Detection and waveform-based source imaging of small-magnitude events using unsupervised machine learning and grouped time-reversals
摘要
Efficient arrival picking and precise source imaging are crucial components of seismic data processing in both active and passive seismology. In this study, we employ the unsupervised Fuzzy C-Means clustering approach to improve the picking of the arrivals from small magnitude earthquake events. The waveform-based source image is then computed using the grouped time-reversal approach, which first splits the receivers into groups and then backward propagates the wavefield. Once the arrivals are autopicked, P-wave signals are identified and extracted from the entire waveforms. These extracted segments are then used to construct a high-resolution source image through multi-dimensional cross-correlation of the wavefields, from which the event location is determined at the point of maximum coherence.
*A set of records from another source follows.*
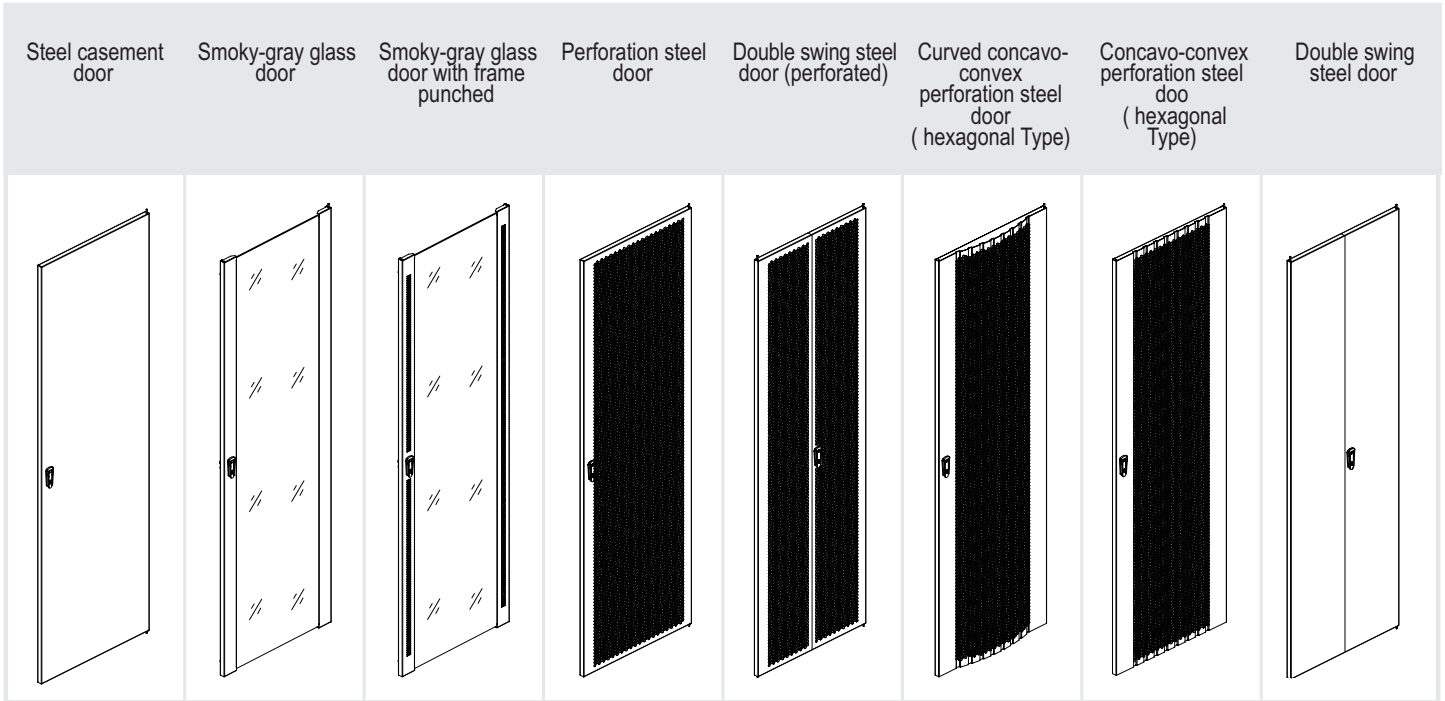

DOORS

600mm Wide

PART NUMBER	WIDTH MM	DEPTH MM	HEIGHT MM	HEIGHT U	CARTON SIZE	VOLUME
TL-FS-1266	600	600	722	12	630 x 630 x 760	0.30
TL-FS-1268		800			630 x 830 x 760	0.40
TL-FS-1566	600	600	855	15	630 x 630 x 890	0.35
TL-FS-1568		800			630 x 830 x 890	0.53
TL-FS-1866	600	600	988	18	630 x 630 x 1020	0.40
TL-FS-1868		800			630 x 830 x 1020	0.53
TL-FS-2266	600	600	1166	22	630 x 630 x 1200	0.48
TL-FS-2268		800			630 x 830 x 1200	0.63
TL-FS-22610		1000			630 x 1030 x 1200	0.78
TL-FS-2766	600	600	1388	27	630 x 630 x 1420	0.56
TL-FS-2768		800			630 x 830 x 1420	0.74
TL-FS-27610		1000			630 x 1030 x 1420	0.92
TL-FS-3266	600	600	1610	32	630 x 630 x 1640	0.65
TL-FS-3268		800			630 x 830 x 1640	0.86
TL-FS-32610		1000			630 x 1040 x 1640	1.07
TL-FS-3766	600	600	1833	37	630 x 630 x 1860	0.74
TL-FS-3768		800			630 x 830 x 1860	0.97
TL-FS-37610		1000			630 x 1040 x 1860	1.22
TL-FS-4266	600	600	2055	42	630 x 630 x 2080	0.83
TL-FS-4268		800			630 x 830 x 2080	1.09
TL-FS-42610		1000			630 x 1040 x 2080	1.36
TL-FS-4766	600	600	2277	47	630 x 630 x 2300	0.91
TL-FS-4768		800			630 x 830 x 2300	1.20
TL-FS-47610		1000			630 x 1040 x 2300	1.51

FREE STANDING CABINETS
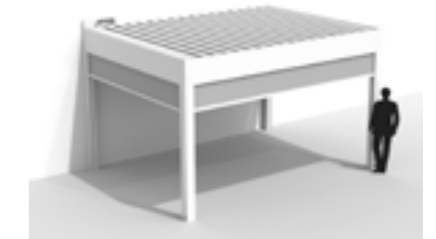

Surface-mounted Fixscreen
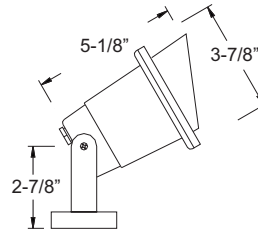

FINISH

NB

NOW LED **SS510**

PRODUCT FEATURES

- Solid Grade 304 Stainless Steel
- 12 Volts
- Silicone Gasket
- MR16 5W 3000K (WW) LED Bulb Included (35W Max.)
- Tempered Glass
- 30-FT. SJT Power Cord
- Stainless Steel Fittings
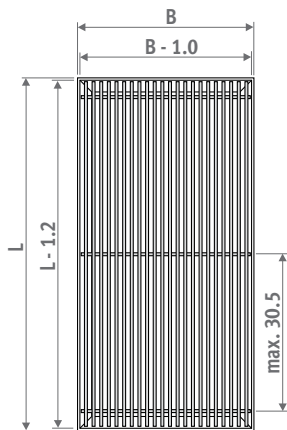

OVERVIEW GRILLES - RIGID

DESIGNO ALUMINIUM GRILLES
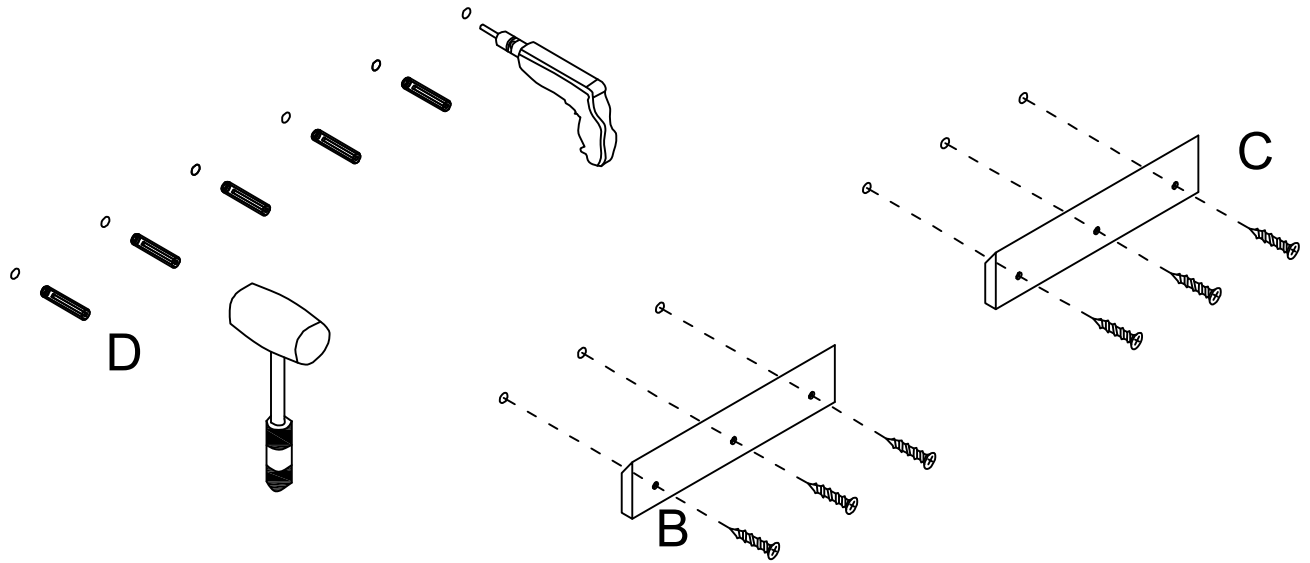

LEXORA®

HOME DECOR & HOME FURNISHINGS

LLC5524FRM

PART	DESCRIPTIONS	QUANTITY
A	Mirror	1
B	Cleat Wood	2
	HARDWARE	
C	Crew	6
D	Plastic Plug	6

PART LIST

A

B

TOOLS REQUIRED (NOT INCLUDED)

INSTALLATION

A

B

LEXORA®

HOME DECOR & HOME FURNISHINGS

LLF60DKSOD000

DIMENSIONS

PART LIST

PART	DESCRIPTIONS	QUANTITY
A	Countertop	1
B	Basin	2
C	Door Left	2
D	Door Right	2
E	Drawer	3

PART	DESCRIPTIONS	QUANTITY
F	Handle	4
G	Handle	1
H	Hingle	12
I	Drawer glides (Midd)	1
L	Drawer glides (Push)	2
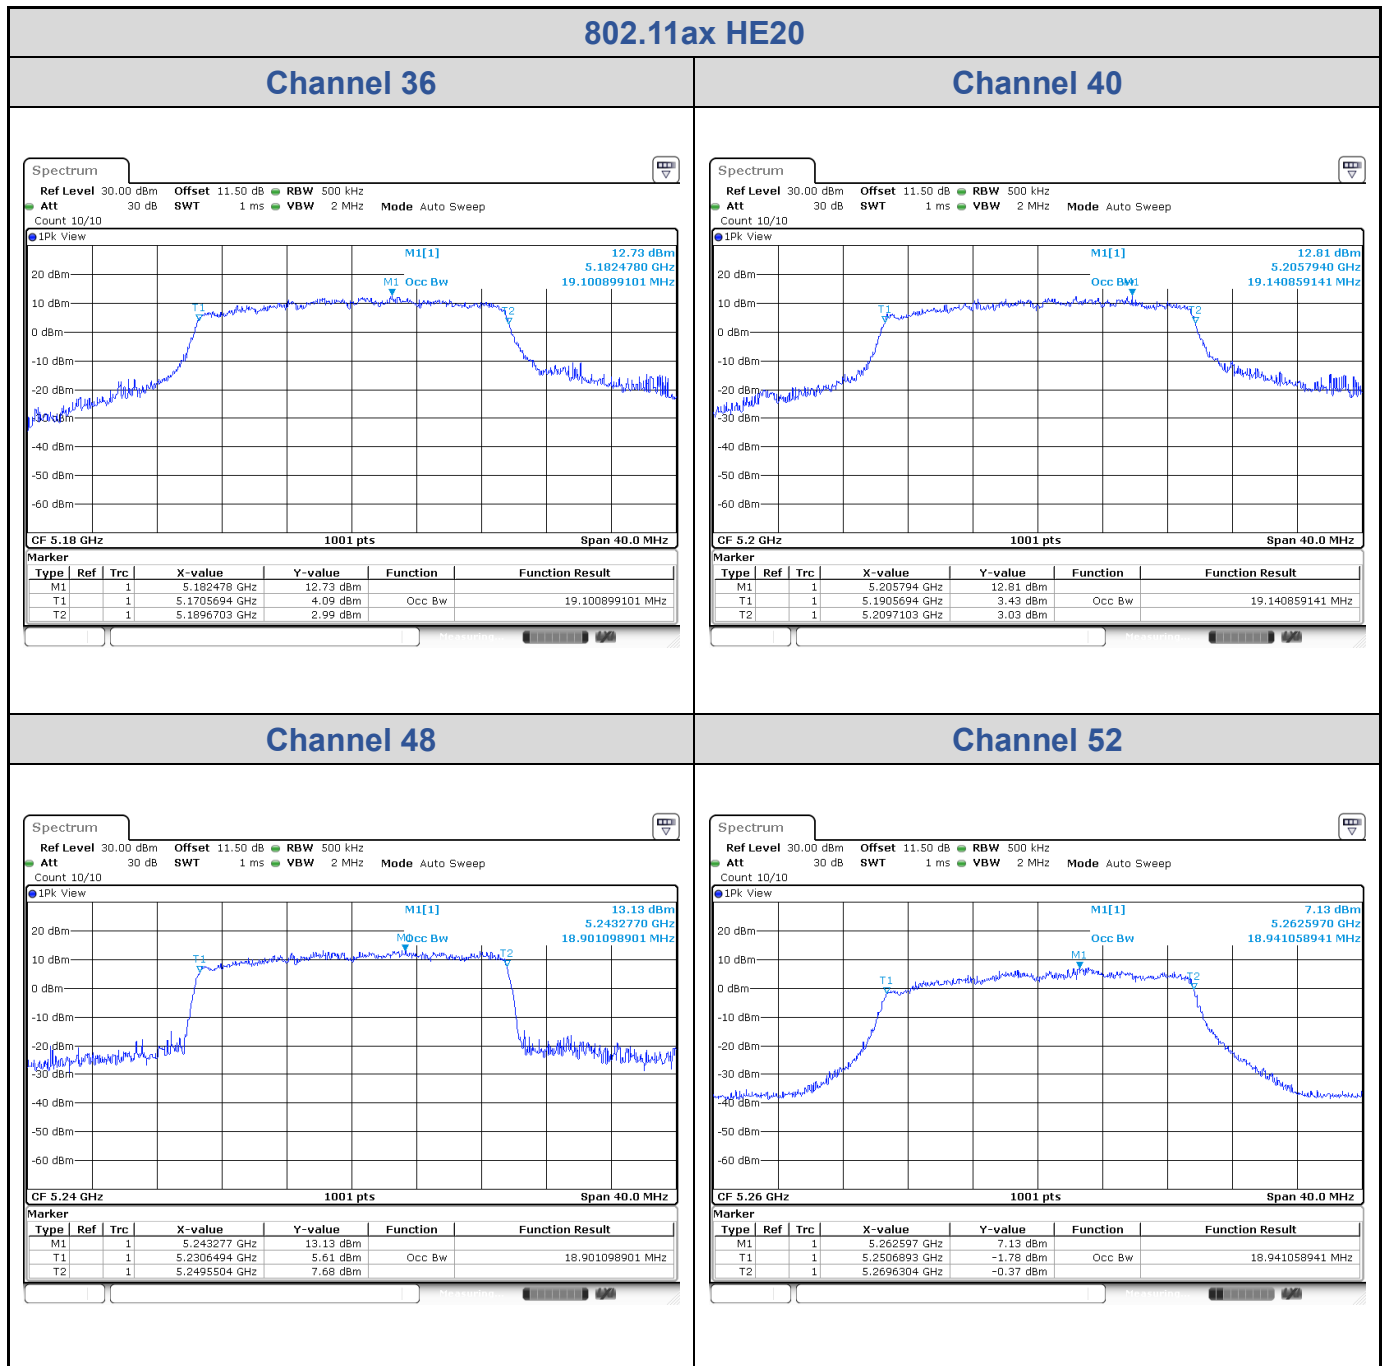

<Chain 1>

The performance of the integrated approach is first tested on a suite of synthetic data and then on field datasets obtained from the North-West Himalayan region of Jammu and Kashmir. The estimated uncertainties reveal improvements in event locations compared to the conventional travel-time based inversion method. We demonstrate that the integrated approach can be effectively used to analyze seismological datasets in complex media, and can even work with sparse seismic networks for locating the small-magnitude earthquakes. Moreover, the present approach enables the location of seismic sources utilizing the single-component waveform data.